(Dataset excerpts)
Segment Open

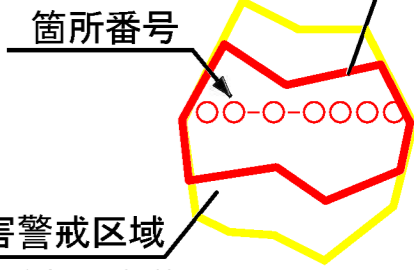

土砂災害ハザードマップ

■土砂災害に備えて事前に避難場所の位置を把握しておきましょう！また避難場所へ安全に行けるように避難路を確認しておきましょう！

地図の見方

がけ崩れ(急傾斜地の崩壊)

土砂災害特別警戒区域

(土砂災害により著しい危害のおそれがある土地の区域)

土砂災害警戒区域

(土砂災害により危害のおそれがある土地の区域)

土石流

土砂災害特別警戒区域

土砂災害警戒区域

- 避難場所
- 避難場所までの避難路

【地区の名称】

東黒田地区

*あなたの最寄の避難場所を知っておきましょう

◆避難場所メモ◆
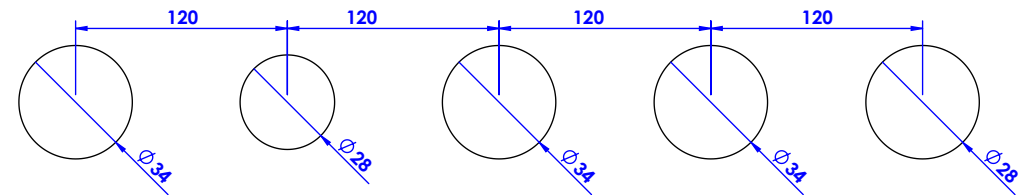

## Mélangeur bain-douche sur gorge 5 trous - Rim mounted 5-hole bath & shower mixer

Ref : C33-3304

Débit / Flow rate : .. l/min (sous 3 bars).  
 Pression maxi / max pressure : 5 bars.

ø de perçage recommandé / ø recommended drilling :
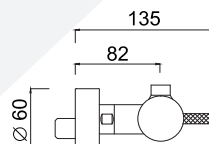

MY FUTURE

5908SD

Cartuccia ceramica
Ceramic cartridge

Monocomando doccia esterno (attacco superiore).

External single-lever shower mixer (upper connection).

Mitigeur pour douche externe (connexion supérieure).

Aufputz- Einhebelbrausemischer (oberer Anschluss).

Monomando para ducha exterior (conexion superior).

Однорычажный смеситель для душа внешнего монтажа (подключение сверху).

Articolo	Note	CROMO	BO - NO	NKO	BROP - GF - CRN	O - OSP
5908SD		✓	✓	✓	✓	✓

CROMO: Cromo / Chrome-Plated - **BO:** Bianco Opaco / Matt White - **NO:** Nero Opaco / Matt Black - **NKO:** Nikel Opaco / Matt Nikel - **BROP:** Brondo opaco / Matt Bronze - **GF:** Grafite / Graphite - **CRN:** Cromo nero / Chrome Black - **O:** Oro / Gold - **OSP:** Oro SPazzolato / Brushed Gold

Rubinetteria Giulini Giovanni srl

Via Salvo D'Acquisto, 22 - 28076 Pogno (No) Italy
Tel. +39 0322 97157 - www.giulini.it - info@giulini.it

Vendite Italia: italia@giulini.it / Tel. +39 0322 97157 - Vendite Export: export@giulini.it / Tel. +39 0322 97057
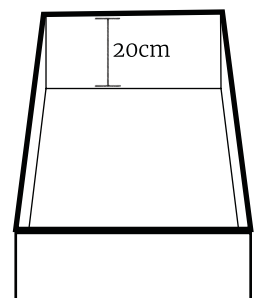

Bettkastenhöhe Innenmaß: 20cm, weiß Dekor, bodenauflegend

Kopfteil in bauschiger  
Kissen-Optik

SÜSSE TRÄUME UND  
STILVOLLES DESIGN

"CANDY - DREAM"

# technical facts

Gesamthöhe

98cm

40cm

288cm

268cm

248cm

200x200cm

# technical facts

Gesamthöhe

Hochwertige  
Gasdruck-  
Federn

Das Polsterbett mit Stauraum wird mit 2 Federholzrahmen geliefert. Diese sind mit den Bettkästen durch hochwertige Gasdruckfedern verbunden für ein müheloses Öffnen. Federholzrahmen starr mit 28 Leisten, Härteregulierung im Beckenbereich, Höhe circa 7cm
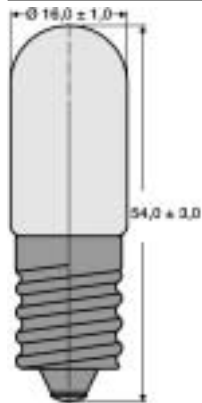

R 1654 E 14 - T 16 x 54 E 14 - Ø 16,0 mm (Fortsetzung)

Preise in Euro pro 100 Stück
zzgl. gesetzl. Mehrwertsteuer

(Preise für größere Mengen
auf Anfrage)
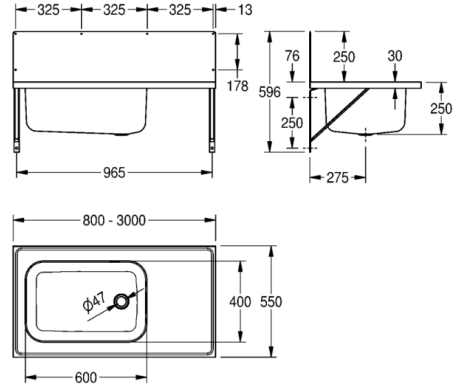

# Kalla-allastaso 1300

SARJA: ANIMA | KALLA-ALLASTASO 13 | 203.0499.160

Kodinhoitoaltaat | Kodinhoitoaltaat

Suunniteltu erityisesti siivouskomeroihin, kodinhoitiloihin ja vastaaviin, joissa tarvitaan altaan vieressä käytännöllistä laskutilaa. Symmetrinen malli. Saatavana eri pituuksilla 800-3000 mm. Varusteet: ylijuoksupohjventtiili, vesilukko, tulppa, ketju, kannakkeet ja taustalevy. Altaan syvyys 250 mm Tason koko 1300 x 550 mm.

## Tekniset tiedot

Altaan korkeus	250.00 mm
Altaan syvyys	400.00 mm
Altaan pituus	600.00 mm
Materiaalin vahvuus	0.80 mm
Kokonaissyvyys	550.00 mm
Kokonaiskorkeus	596.00 mm
Kokonaisleveys	1,300.00 mm
Pohjaventtiilin ulkonema	275.00 mm
Materiaali	Ruostumaton teräs
Rst teräslaji	1.4301 Kromi-Nikkeli teräs V2A
Hanataso	Ei
Pohjaventtiilin paikka	Keskellä oikealla
Altaan pinta	Satiinipintainen
Altaan muoto	Suorakulma
Ylijuoksu	Kyllä
Takanosto	Ei
Tausta levy	kyllä
Pinnan viimeistely	Satiinipintainen
Hananreikien lukumäärä	0.00000
sisältää pohjaventtiilin	Kyllä
Pohjaventtiilin koko	DN 40
LVI	5923645
Tuotenumero	203.0499.160
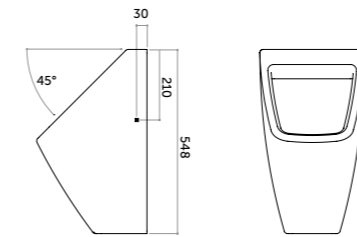

Vaso sospeso
Wall-hung WC

Bidet sospeso
Wall-hung bidet

COD. T302100001

COD. T300500001

COD. T300700101
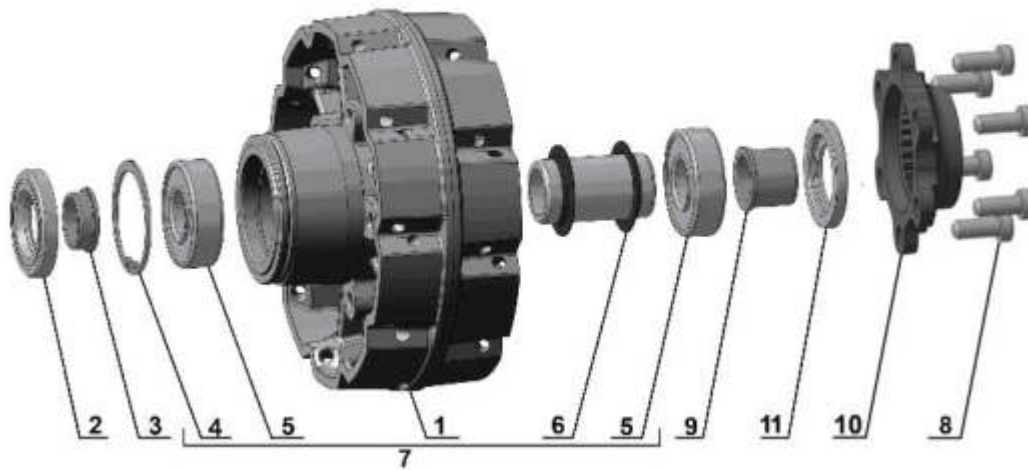

E07.010 Rear wheel / Hinterrad

2014-2018

from /ab 2019

E07.020 Rear wheel hub / Hinterradnabe

2014-2018

until / bis VIN 230405

E07.030 Rear wheel hub / Hinterradnabe

from / ab VIN 230406
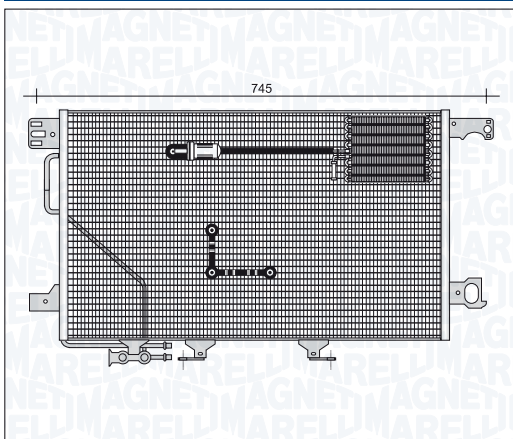

BC349 - 350203349000	<i>i</i>	
MERCEDES C-CLASS C 270 CDI	+Drier	05/00 →

Segment Closed

* [Problem description]: Return all lines in the entries above that carry the word "mixer".

* [Reply]:
## Mélangeur bain-douche sur gorge 5 trous - Rim mounted 5-hole bath & shower mixer
External single-lever shower mixer (upper connection).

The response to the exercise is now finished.